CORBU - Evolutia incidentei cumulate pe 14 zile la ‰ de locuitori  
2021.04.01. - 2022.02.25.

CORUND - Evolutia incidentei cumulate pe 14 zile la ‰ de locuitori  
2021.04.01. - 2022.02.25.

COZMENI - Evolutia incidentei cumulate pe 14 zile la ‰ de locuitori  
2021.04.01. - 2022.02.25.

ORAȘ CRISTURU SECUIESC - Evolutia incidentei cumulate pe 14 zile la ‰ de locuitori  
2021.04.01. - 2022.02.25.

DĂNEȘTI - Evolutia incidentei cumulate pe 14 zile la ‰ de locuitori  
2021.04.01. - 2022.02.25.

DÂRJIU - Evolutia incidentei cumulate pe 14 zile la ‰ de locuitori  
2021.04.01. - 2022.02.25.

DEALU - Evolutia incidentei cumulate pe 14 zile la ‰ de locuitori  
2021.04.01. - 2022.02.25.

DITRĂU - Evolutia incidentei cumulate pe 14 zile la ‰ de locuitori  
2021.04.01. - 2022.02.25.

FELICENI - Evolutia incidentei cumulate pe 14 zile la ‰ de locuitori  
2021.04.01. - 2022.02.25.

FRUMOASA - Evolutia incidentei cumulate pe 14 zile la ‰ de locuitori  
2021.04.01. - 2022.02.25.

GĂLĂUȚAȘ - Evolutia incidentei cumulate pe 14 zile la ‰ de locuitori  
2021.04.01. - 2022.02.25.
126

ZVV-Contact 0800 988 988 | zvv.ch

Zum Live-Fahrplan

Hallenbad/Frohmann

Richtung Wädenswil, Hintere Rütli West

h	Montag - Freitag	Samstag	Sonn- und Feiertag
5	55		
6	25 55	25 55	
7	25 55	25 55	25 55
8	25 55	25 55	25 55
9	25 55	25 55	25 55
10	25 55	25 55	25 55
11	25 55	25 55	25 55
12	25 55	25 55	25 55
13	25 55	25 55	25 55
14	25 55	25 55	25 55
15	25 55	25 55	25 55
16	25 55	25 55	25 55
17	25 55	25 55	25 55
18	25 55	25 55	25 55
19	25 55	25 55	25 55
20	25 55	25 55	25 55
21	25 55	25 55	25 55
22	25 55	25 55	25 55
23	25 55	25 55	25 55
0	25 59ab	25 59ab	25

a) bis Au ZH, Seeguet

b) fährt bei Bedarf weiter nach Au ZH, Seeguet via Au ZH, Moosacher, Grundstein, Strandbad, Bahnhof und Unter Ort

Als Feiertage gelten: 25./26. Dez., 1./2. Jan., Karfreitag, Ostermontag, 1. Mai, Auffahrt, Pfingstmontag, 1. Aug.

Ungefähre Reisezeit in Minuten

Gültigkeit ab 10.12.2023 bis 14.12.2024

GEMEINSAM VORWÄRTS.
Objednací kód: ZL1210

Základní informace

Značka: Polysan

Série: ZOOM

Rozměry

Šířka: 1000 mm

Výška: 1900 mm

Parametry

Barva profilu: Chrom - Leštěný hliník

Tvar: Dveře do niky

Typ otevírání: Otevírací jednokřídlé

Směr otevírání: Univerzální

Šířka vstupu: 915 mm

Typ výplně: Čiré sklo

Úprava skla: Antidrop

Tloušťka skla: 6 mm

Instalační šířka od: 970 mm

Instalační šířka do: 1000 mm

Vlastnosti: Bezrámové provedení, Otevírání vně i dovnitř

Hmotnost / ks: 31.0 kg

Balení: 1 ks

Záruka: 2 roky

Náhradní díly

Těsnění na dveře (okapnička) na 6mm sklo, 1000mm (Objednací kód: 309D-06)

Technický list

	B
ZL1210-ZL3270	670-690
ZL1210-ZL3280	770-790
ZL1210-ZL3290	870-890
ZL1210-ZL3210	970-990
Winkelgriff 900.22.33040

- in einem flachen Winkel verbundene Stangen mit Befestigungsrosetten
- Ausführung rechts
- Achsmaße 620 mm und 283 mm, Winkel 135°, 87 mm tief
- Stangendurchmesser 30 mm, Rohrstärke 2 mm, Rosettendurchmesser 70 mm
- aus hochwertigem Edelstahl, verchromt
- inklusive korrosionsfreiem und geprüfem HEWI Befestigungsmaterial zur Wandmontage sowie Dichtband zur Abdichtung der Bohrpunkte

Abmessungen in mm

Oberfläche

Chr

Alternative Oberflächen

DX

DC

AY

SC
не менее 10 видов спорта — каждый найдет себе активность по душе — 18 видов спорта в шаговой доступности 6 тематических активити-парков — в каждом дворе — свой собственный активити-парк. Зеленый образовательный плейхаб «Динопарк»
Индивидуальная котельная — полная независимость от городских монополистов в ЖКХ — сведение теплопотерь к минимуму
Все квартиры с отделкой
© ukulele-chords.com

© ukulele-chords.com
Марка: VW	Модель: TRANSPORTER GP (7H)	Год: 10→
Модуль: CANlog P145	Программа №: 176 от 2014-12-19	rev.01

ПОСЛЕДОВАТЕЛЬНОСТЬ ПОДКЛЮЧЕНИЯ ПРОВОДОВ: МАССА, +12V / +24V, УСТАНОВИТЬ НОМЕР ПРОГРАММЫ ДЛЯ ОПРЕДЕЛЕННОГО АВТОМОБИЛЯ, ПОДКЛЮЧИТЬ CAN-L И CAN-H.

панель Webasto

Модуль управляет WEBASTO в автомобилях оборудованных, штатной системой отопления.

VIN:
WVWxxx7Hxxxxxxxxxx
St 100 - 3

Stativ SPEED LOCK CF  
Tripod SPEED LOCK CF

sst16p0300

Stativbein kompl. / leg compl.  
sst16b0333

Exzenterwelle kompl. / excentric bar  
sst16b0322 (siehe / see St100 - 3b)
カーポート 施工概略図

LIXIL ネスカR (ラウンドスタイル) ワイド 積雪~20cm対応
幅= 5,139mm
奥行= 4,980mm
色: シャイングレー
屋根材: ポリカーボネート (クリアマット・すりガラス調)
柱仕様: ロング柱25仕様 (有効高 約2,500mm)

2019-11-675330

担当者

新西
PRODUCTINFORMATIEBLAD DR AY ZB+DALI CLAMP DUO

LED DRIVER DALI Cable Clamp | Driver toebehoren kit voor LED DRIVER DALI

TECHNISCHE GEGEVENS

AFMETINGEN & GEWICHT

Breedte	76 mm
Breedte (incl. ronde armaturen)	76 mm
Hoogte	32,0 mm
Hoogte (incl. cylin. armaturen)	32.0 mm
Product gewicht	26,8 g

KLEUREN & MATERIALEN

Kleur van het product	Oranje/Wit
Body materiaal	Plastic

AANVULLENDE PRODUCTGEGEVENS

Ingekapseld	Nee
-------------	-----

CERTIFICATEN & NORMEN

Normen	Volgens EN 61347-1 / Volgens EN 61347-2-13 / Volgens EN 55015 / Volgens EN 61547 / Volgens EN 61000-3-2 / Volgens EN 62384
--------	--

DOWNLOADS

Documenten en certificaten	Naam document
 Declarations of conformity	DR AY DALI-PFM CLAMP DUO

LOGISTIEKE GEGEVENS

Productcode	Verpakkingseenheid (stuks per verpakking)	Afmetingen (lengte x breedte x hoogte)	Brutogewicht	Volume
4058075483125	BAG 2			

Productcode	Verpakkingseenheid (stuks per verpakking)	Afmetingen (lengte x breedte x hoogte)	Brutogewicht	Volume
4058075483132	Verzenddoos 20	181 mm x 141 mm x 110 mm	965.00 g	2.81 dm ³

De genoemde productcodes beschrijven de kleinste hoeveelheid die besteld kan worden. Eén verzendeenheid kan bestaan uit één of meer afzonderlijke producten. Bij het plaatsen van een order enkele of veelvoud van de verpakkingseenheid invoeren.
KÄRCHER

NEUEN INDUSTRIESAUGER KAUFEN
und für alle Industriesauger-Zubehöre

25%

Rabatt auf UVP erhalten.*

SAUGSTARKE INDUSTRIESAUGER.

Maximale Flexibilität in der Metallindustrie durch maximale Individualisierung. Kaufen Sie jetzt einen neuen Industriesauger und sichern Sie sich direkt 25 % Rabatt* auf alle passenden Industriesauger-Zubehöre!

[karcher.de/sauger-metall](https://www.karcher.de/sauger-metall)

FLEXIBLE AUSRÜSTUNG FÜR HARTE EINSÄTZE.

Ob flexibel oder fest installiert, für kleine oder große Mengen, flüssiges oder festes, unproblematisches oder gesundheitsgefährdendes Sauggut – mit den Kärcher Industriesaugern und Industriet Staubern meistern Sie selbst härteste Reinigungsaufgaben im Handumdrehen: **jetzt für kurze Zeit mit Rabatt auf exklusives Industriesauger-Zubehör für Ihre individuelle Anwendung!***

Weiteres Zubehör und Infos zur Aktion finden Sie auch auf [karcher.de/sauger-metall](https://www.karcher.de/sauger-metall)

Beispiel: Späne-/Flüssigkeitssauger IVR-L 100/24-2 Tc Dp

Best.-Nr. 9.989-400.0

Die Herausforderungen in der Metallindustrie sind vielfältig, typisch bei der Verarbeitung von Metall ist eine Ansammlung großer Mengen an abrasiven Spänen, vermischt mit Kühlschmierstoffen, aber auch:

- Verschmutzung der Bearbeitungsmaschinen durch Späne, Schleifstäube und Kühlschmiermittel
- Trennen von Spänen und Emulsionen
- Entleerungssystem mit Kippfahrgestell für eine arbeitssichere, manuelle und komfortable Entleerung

-=-=-

Aim of the task:
Please return the lines above that run from the line containing "Zum Live-Fahrplan" to the line containing "не менее 10", inclusive, exactly and with no other lines.

Reply:
Zum Live-Fahrplan

Hallenbad/Frohmann

Richtung Wädenswil, Hintere Rütli West

h	Montag - Freitag	Samstag	Sonn- und Feiertag
5	55		
6	25 55	25 55	
7	25 55	25 55	25 55
8	25 55	25 55	25 55
9	25 55	25 55	25 55
10	25 55	25 55	25 55
11	25 55	25 55	25 55
12	25 55	25 55	25 55
13	25 55	25 55	25 55
14	25 55	25 55	25 55
15	25 55	25 55	25 55
16	25 55	25 55	25 55
17	25 55	25 55	25 55
18	25 55	25 55	25 55
19	25 55	25 55	25 55
20	25 55	25 55	25 55
21	25 55	25 55	25 55
22	25 55	25 55	25 55
23	25 55	25 55	25 55
0	25 59ab	25 59ab	25

a) bis Au ZH, Seeguet

b) fährt bei Bedarf weiter nach Au ZH, Seeguet via Au ZH, Moosacher, Grundstein, Strandbad, Bahnhof und Unter Ort

Als Feiertage gelten: 25./26. Dez., 1./2. Jan., Karfreitag, Ostermontag, 1. Mai, Auffahrt, Pfingstmontag, 1. Aug.

Ungefähre Reisezeit in Minuten

Gültigkeit ab 10.12.2023 bis 14.12.2024

GEMEINSAM VORWÄRTS.
Objednací kód: ZL1210

Základní informace

Značka: Polysan

Série: ZOOM

Rozměry

Šířka: 1000 mm

Výška: 1900 mm

Parametry

Barva profilu: Chrom - Leštěný hliník

Tvar: Dveře do niky

Typ otevírání: Otevírací jednokřídlé

Směr otevírání: Univerzální

Šířka vstupu: 915 mm

Typ výplně: Čiré sklo

Úprava skla: Antidrop

Tloušťka skla: 6 mm

Instalační šířka od: 970 mm

Instalační šířka do: 1000 mm

Vlastnosti: Bezrámové provedení, Otevírání vně i dovnitř

Hmotnost / ks: 31.0 kg

Balení: 1 ks

Záruka: 2 roky

Náhradní díly

Těsnění na dveře (okapnička) na 6mm sklo, 1000mm (Objednací kód: 309D-06)

Technický list

	B
ZL1210-ZL3270	670-690
ZL1210-ZL3280	770-790
ZL1210-ZL3290	870-890
ZL1210-ZL3210	970-990
Winkelgriff 900.22.33040

- in einem flachen Winkel verbundene Stangen mit Befestigungsrosetten
- Ausführung rechts
- Achsmaße 620 mm und 283 mm, Winkel 135°, 87 mm tief
- Stangendurchmesser 30 mm, Rohrstärke 2 mm, Rosettendurchmesser 70 mm
- aus hochwertigem Edelstahl, verchromt
- inklusive korrosionsfreiem und geprüfem HEWI Befestigungsmaterial zur Wandmontage sowie Dichtband zur Abdichtung der Bohrpunkte

Abmessungen in mm

Oberfläche

Chr

Alternative Oberflächen

DX

DC

AY

SC
не менее 10 видов спорта — каждый найдет себе активность по душе — 18 видов спорта в шаговой доступности 6 тематических активити-парков — в каждом дворе — свой собственный активити-парк. Зеленый образовательный плейхаб «Динопарк»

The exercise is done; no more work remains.